Bridges played in Bradford Northern's victories in the Championship during the 1979–80 season and 1980–81 season.

===Hull FC===
Bridges played in Hull FC's 18–7 victory over Bradford Northern in the 1982 Yorkshire Cup Final during the 1982–83 season at Elland Road, Leeds on Saturday 2 October 1982.

Bridges played in Hull FC's victory in the Championship during the 1982–83 season, and also in their 12–14 defeat by Featherstone Rovers in the 1983 Challenge Cup Final at Wembley Stadium, London on Saturday 7 May 1983, in front of a crowd of 84,969.

===Representative honours===
John "Keith" Bridges won caps for England while at Featherstone Rovers in the 1975 Rugby League World Cup against New Zealand, Australia, Wales, France, New Zealand, Australia, and Australia, in 1975 against Papua New Guinea (non-test), in 1977 against Wales, and won caps for Great Britain while at Featherstone Rovers in 1974 against France (2 matches), and Australia.

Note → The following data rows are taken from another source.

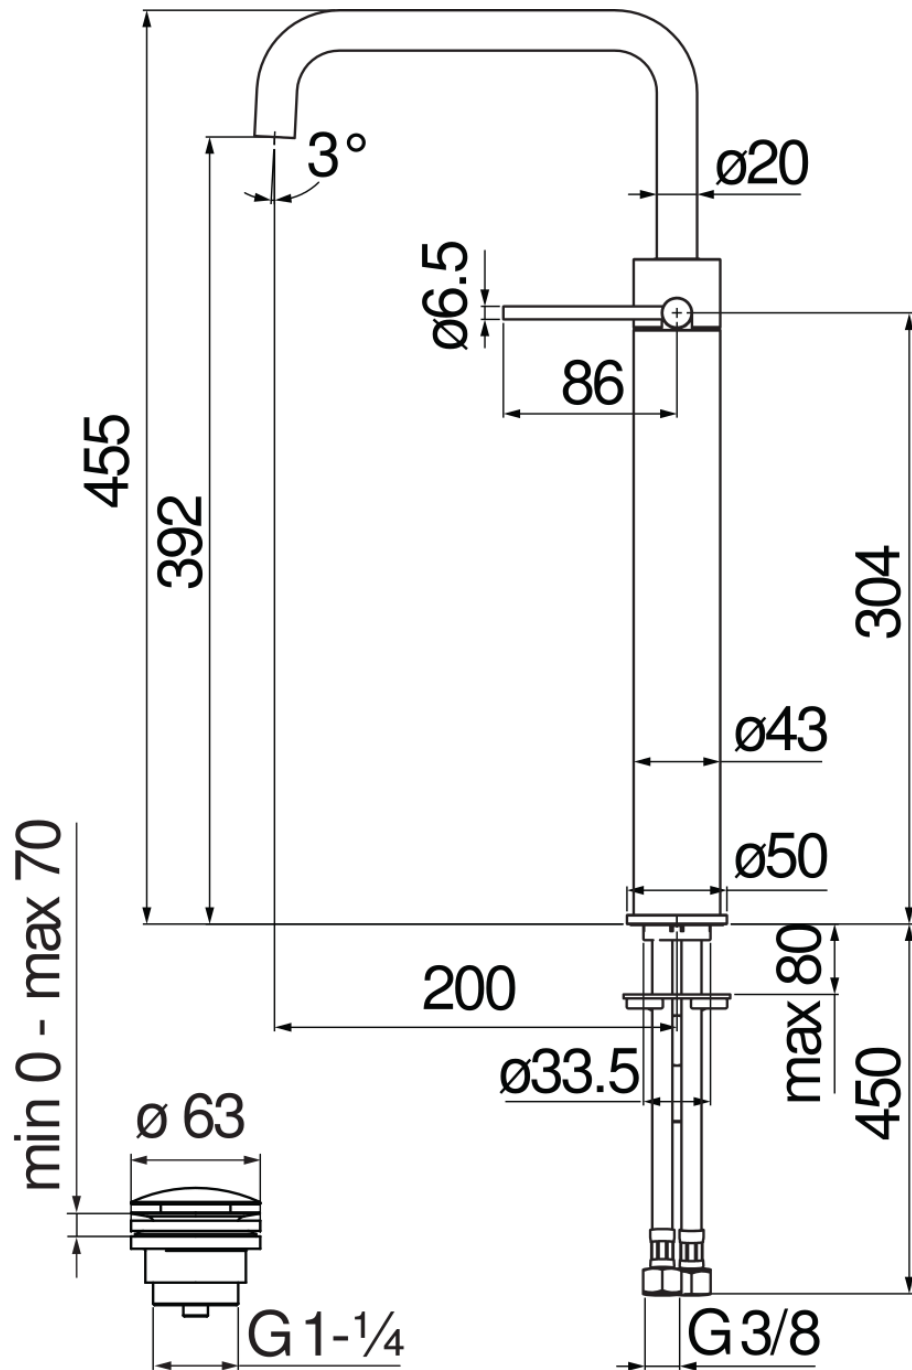

#### SPEZIFIKATIONEN

Waschtischbatterie mit erhöhtem Sockel  
Chrome  
Luftsprudler mit Antikalk-Funktion M 18 x 1, 5 l/min  
Schwenkbarer Auslauf  
Ablaufgarnitur-Push 1 1/4", Anschlusschläuche ø 3/8"  
Energiebegrenzer mit Kaltwasser-Öffnung  
Verpackung: 66 x 34,5 x 7 cm / 0,01594 m<sup>3</sup>

#### ZERTIFIZIERUNGEN

FLÜSSIGKEITS DIAGRAMM: HEISSES / KALTES WASSER

FLÜSSIGKEITS DIAGRAMM: GEMISCHT WASSER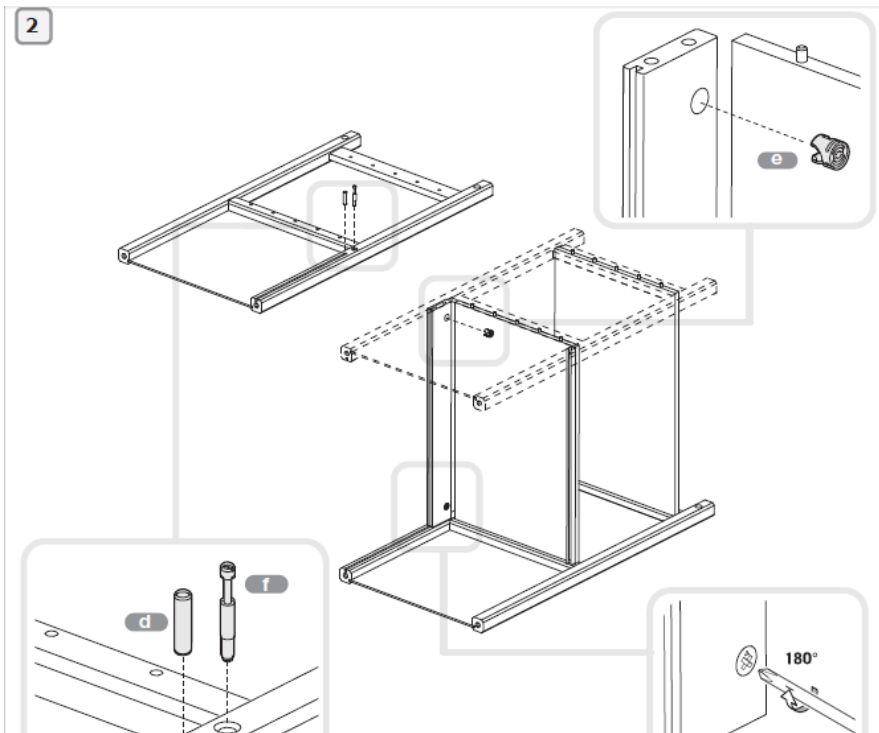

FOPPAPEDRETTI®

Benchef

Carrinho em madeira para micro ondas.

Instruções de Montagem e Uso

Ler atentamente e guardar para futuras referências.

- Ter certeza da correta montagem antes de sua utilização;
- Controlar periodicamente a blocagem de todos os sistemas de fixação;
- Limpar com um pano úmido ou detergente neutro (não solvente) e secar com cuidado.

Composição

- Estrutura em madeira de faio;
- Plano superior em listas de faio;
- Planos em aglomerado enobrecido;
- Lateral e traseira do móvel em MDF;
- Talher em PEHD;
- Porta rótulos em ABS;
- Rodas em borracha com estrutura em ferro de zinco;
- Portas em plexiglas;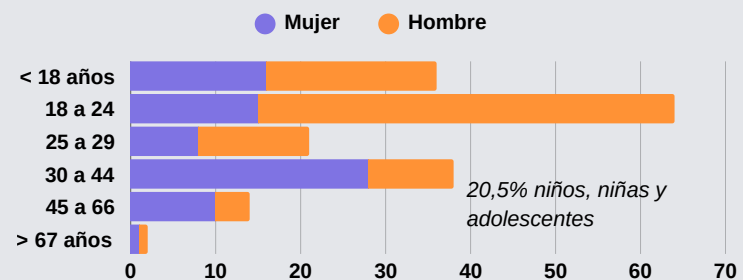

¿QUÉ HICIMOS?

39.375
ACTUACIONES

67,25%

10,5 actuaciones por mujer
9 actuaciones por hombre

Nº de actuaciones por persona: 1 2 3 a 5 6 a 10 11 a 20 > 20

www.malaga.acoge.org
malaga@malagaacoge.org

MÁLAGA ACOGE MEMORIA DE ACTIVIDADES 2025

ACCIONES FORMATIVAS

1.905 **65,6%** **personas únicas participantes**

4.565 **62,8%** **personas participantes**

PISOS DE ACOGIDA

175 **44,5%** **personas acogidas**

MÁLAGA ACOGE

MEMORIA DE ACTIVIDADES 2025

ÁREA JURÍDICA

1.788 **60,6%** personas apoyadas

7242 actuaciones

ÁREA SOCIAL

253 **60,0%** personas informadas

721 **76,42%** personas apoyadas

7086 actuaciones

120 apoyadas socio-jurídico
77,5% mujeres

13 personas acogidas

164 en materia de vivienda
76,8% mujeres

44 cuentan con ayudas socioeconómicas
79,55% mujeres

106 menores apoyados a través de caixaproy infancia
52,8% mujeres

789 personas sin hogar en Centro Puerta Única
16,47% mujeres

He won caps for Yorkshire while at Featherstone Rovers; during the 1975–76 season against Cumbria, Other Nationalities and Lancashire, and during the 1977–78 season against Cumbria, and Lancashire.

==Honoured at Featherstone Rovers==
John "Keith" Bridges is a Featherstone Rovers Hall of Fame inductee.

==Personal life==
Bridges is the son of Keith Bridges, who played rugby league for Wakefield Trinity and Castleford between 1954 and 1963. Although born as John Howard Bridges, he is nicknamed "Keith" after his father.

==Outside of rugby league==
John "Keith" Bridges was the Bar Manager of the Pinnacle Suite Function Room at Dewsbury District Golf Club, Mirfield until 2017.